Minutelore is live. It is an AI-powered learning app for short attention spans, busy days, and the kind of curiosity that does not survive a forty-minute lecture.
The premise
You tell Minutelore what you want to learn — negotiation tactics, Roman Britain, the basics of Kubernetes, how Bauhaus changed product design. The app generates a structured course on the spot, broken into ten-minute video lessons with a calm AI tutor narrating the material. You watch one lesson on the bus. Another over coffee. By the end of the week you understand a thing you did not understand on Monday.
It is not a replacement for university. It is the answer to I keep meaning to learn that and never do.
Why we built this
We build small, specific apps. This one is the most personal of them. I read about thirty things a week and retain almost none of it because I am skim-reading on a phone between meetings. I wanted a learning app that respects how I actually work — short bursts, varied topics, real structure — instead of pretending I am going to sit down for a Coursera marathon at the weekend.

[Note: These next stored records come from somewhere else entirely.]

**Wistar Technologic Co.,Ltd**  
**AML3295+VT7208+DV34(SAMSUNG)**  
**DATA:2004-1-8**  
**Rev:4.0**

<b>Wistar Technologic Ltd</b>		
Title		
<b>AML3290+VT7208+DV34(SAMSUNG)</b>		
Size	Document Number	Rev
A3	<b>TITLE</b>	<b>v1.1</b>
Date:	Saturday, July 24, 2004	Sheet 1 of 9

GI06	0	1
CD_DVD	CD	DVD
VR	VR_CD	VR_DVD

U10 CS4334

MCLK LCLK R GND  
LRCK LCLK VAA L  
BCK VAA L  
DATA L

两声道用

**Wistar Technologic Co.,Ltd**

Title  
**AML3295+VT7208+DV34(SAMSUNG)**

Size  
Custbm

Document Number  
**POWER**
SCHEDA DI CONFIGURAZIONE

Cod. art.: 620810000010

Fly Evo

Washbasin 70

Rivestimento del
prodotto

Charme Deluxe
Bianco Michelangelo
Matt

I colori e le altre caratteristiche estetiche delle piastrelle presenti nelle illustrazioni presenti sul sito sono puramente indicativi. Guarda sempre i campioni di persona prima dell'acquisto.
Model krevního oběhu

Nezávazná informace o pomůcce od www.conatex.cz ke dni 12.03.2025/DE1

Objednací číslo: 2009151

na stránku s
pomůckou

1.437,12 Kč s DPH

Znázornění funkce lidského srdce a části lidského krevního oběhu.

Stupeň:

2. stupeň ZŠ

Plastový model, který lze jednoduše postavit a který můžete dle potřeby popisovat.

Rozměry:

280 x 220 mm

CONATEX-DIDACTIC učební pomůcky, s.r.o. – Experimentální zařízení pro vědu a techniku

We also wanted to prove a smaller thesis: that AI-generated learning content, given the right structure, can be better than the average online course. Not better than the best lecturers in the world. Better than the median "intro to X" course you would find by Googling it.
How the courses are built
Three layers, all running in the background while you wait:
- A curriculum model that breaks the topic into a learning path with a sensible difficulty curve. Foundations first. Then the core. Then the edges that make you sound like you actually know the field.

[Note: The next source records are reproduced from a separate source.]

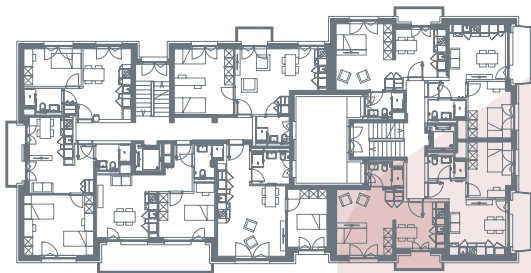

App. B4.09

- 1.5 locali
- 30.5 m²
- piano 4

0 1 2 3 4 5m

Locali	1 ½
Superficie	30.5 m²
Zona giorno	10.6 m ²
Balcone	2.6 m ²
Camera	16.4 m ²
Bagno	3.5 m ²
Pigione netta	1'030 fr.
Acconto spese	120 fr.
Pigione lorda	1'150 fr.

- A lesson model that scripts each ten-minute video with a clear opening, three concrete points, and a recap.
- An AI tutor that delivers the lesson in the voice you chose. We shipped with three: friendly-conversational, structured-academic, and goal-oriented. Each one has a different teaching cadence. They are not interchangeable.
Every course ends with an official Minutelore certificate — uniquely identified, validation-tracked, and good for a LinkedIn profile or a Notion page where you keep a list of things you have actually learned this year.
Pricing
Free to try with a daily lesson cap. Pro removes the cap, unlocks all three AI tutors, and gives you certificates on completion. We considered an ads tier and decided against it — ads inside a learning experience are a tax on attention, and attention is the entire point of the product.

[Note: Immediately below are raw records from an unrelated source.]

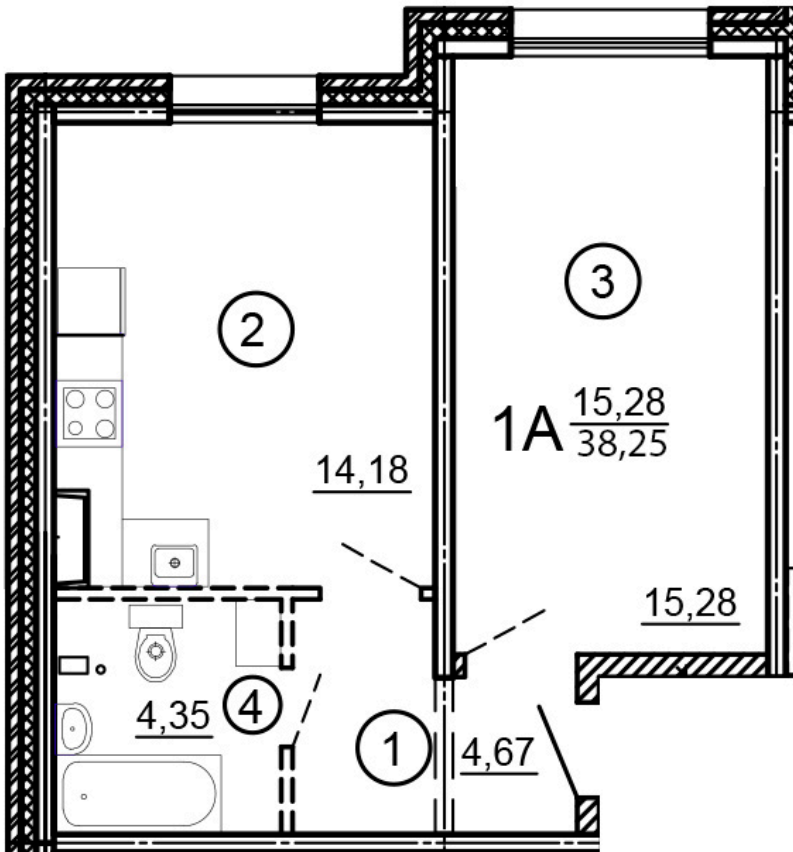

Тверь, ул. Медовая 1Б, поз. 25

8(4822)750-110
www.dsktver.ru

Работаем по предварительной
записи

Площадь:	38.25 м ²
Этаж:	1
Очередь строительства:	25
Номер на площадке:	7
Дата сдачи:	Дом сдан

Для заметок:

What we have learned in the soft launch
A few notes from the first three weeks of users:
- People learn weird things. The most-generated topic in week one was Italian Renaissance bookkeeping. The second was introductory falconry. We did not predict either.
- The ten-minute cap is the feature. Several testers asked for longer lessons. We declined. The constraint is what makes the app finishable.
- Streaks beat reminders. A small dot on the home screen for every consecutive day outperformed every push notification we tested.
A small request
If you generate a course and the structure feels off, hit the report button at the end of the lesson. Every report goes into the next round of curriculum-model improvements. The product gets better as more people use it strangely.